Alkaloid 2 was obtained as a yellow oil that gives a positive reaction to Dragendorff reagent and its optical rotation value was [α]25D [α]25D = +33.3 (c 0.60, CHCl3). The UV and IR spectrum of 2 were similar to those of 1, except for the appearance, in both spectra, of absorptions due to a carbamate group at 282 nm and at 1688 cm-1, respectively.20 The 1H and 13C NMR spectra showed a similar profile to 1. In the 1H NMR two new signals appeared at δH 4.29 (2H, m) and 1.29 (3H, m), as well as the displacement of the signal H-5, due to the presence of a deprotecting group in proximity. The COSY experiment showed the correlation of the signals δH 4.29 and 1.29, which indicates the presence of an ethyl group that due to its displacement, suggested to be attached to a heteroatom. The 13C NMR and DEPT spectra showed the appearance of three new signals at δC 158.8 (C), 61.0 (CH2), and 14.8 (CH3), typical signals of an ethoxycarbonyl group attached to a nitrogen atom. The absolute configuration of C-6a was determined as S, because it showed the same Cotton effects as 1. Therefore the alkaloid compound 2 was identified as (S)-N-ethoxycarbonyl-3-methoxy-nordomesticine. Its ESIMS spectrum gave a pseudomolecular ion peak at m/z 414 [M+H]+ corresponding to the molecular formula of C22H22NO7, and fragmentations were due to the loss of CH3OH and CH3CH2OH at m/z 382 [M+H-32]+ and m/z 368 [M+H-46]+, respectively. The negative ion mode ESI spectrum showed peaks at m/z 412 [M-H]- and m/z 383 [M-H-29]., being the last one the loss of an ethyl group. This type of alkaloids with substituents N-ethoxycarbonyl have been isolated from Lindera angustifolia (Lauraceae).21

Alkaloid 3, was obtained as a yellow oil, with an optical rotation value of [α]25D [α]25D = +7.5 (c 0.53 CHCl3). The IR spectrum was similar to that of alkaloids 1 and 2. Additionaly, there were observed the presence of absorptions at 2830, 2700, 1739 cm-1, characteristic for formyl group. In HRESIMS negative mode was observed the pseudomolecular ion [M-H]- at m/z 369.1133, corresponding to the molecular formula of C20H20NO6. The negative ion mode of ESI-MS spectra showed the loss of a formyl group at m/z 339 [M-H-29].. The NMR profile was similar to those of the alkaloids 1 and 2. In the 1H NMR appeared different signals belonging to a mixture of two isomers in 3:1 ratio. The comparison of the major isomer with alkaloid 1 in NMR, showed the same pattern of substitution of aromatic ring, besides the appearance of two new signals at δH 8.25 (1H, s) in the 1H and at δC 161.9 in the 13C of the formyl group to 3. This functionality on the nitrogen led to formation of rotational isomers, which have been described previously for alkaloids with a N-formyl and N-acetyl group.22 The absolute configuration was determined as S, in the same manner as that for 1 and 2. Therefore, this alkaloid 3 was identified as (S)-N-formyl-3-methoxy-nordomesticine.

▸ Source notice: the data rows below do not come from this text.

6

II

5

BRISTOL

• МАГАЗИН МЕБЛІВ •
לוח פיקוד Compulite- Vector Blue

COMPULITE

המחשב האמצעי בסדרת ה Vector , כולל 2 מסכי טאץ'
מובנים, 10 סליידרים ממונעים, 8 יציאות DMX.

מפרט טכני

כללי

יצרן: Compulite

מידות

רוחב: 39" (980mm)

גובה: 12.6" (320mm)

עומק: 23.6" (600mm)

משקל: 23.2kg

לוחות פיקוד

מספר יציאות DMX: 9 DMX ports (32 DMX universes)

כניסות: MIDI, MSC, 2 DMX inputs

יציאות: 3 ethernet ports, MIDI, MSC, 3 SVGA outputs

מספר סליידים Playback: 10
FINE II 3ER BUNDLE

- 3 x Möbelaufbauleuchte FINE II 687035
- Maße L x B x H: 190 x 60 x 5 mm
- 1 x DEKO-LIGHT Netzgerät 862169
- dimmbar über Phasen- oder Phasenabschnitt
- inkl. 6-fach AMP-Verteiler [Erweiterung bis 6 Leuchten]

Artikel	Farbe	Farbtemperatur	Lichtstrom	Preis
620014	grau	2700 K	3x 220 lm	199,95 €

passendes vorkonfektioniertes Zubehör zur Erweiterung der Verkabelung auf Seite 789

Alkaloid 4 was obtained as a white solid with a melting point of 222-223 ºC (MeOH), and with an optical rotation of [α]25D [α]25D = +47.0 (c 0.55 CHCl3). The analysis of NMR data of 4 revealed that it has the same basic skeleton as 2, but it has a methyl ester according to the signals at δH 3.76 (3H, s) and δC 52.6 for 4 in place of the signals for ethyl group in 2. HRESIMS showed a pseudomolecular ion [M-H]- at m/z 398.1233 corresponding to the molecular formula C22H22NO7. Therefore, the alkaloid 4 was identified as (S)-N-methoxycarbonyl-3-methoxy-nordomesticine.

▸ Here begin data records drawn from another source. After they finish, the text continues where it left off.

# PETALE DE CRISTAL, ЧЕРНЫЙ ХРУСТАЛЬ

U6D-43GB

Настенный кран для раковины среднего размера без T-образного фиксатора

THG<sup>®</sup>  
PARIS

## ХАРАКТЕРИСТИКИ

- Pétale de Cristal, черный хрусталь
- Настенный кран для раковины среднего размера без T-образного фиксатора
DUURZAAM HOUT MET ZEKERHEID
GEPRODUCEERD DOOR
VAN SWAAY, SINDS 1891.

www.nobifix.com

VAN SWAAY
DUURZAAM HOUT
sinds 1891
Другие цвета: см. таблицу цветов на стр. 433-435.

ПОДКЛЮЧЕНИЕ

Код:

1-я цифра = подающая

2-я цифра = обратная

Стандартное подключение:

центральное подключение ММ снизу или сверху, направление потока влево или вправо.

The antifungal activity was evaluated through the disc diffusion method against Fusarium oxysporum f. sp. lycopersici,23 a phytopathogenic fungus that affects tomato crops, causing huge losses for farmers. The alkaloid fraction was active against F. oxysporum at 250 μg/μL. The inhibitory activity against the growth of the fungi was moderate at 5 μg/μL for (S)-3-methoxy-nordomesticine 1, while the other alkaloids were ineffective, suggesting that the presence of electron withdrawing substituents on nitrogen atom decrease the antifungal activity.

Although few evaluation reports of aporphines antifungal activity, has been found that these are active against species such as Candida albicans,24,25 but inactive against fungal pathogens as Cladosporium herbarium.26 These results are a new evaluation report of antifungal activity of these alkaloids, where it is emphasized that the type of substituents on the nitrogen of aporphines has an effect on the antifungal activity they present.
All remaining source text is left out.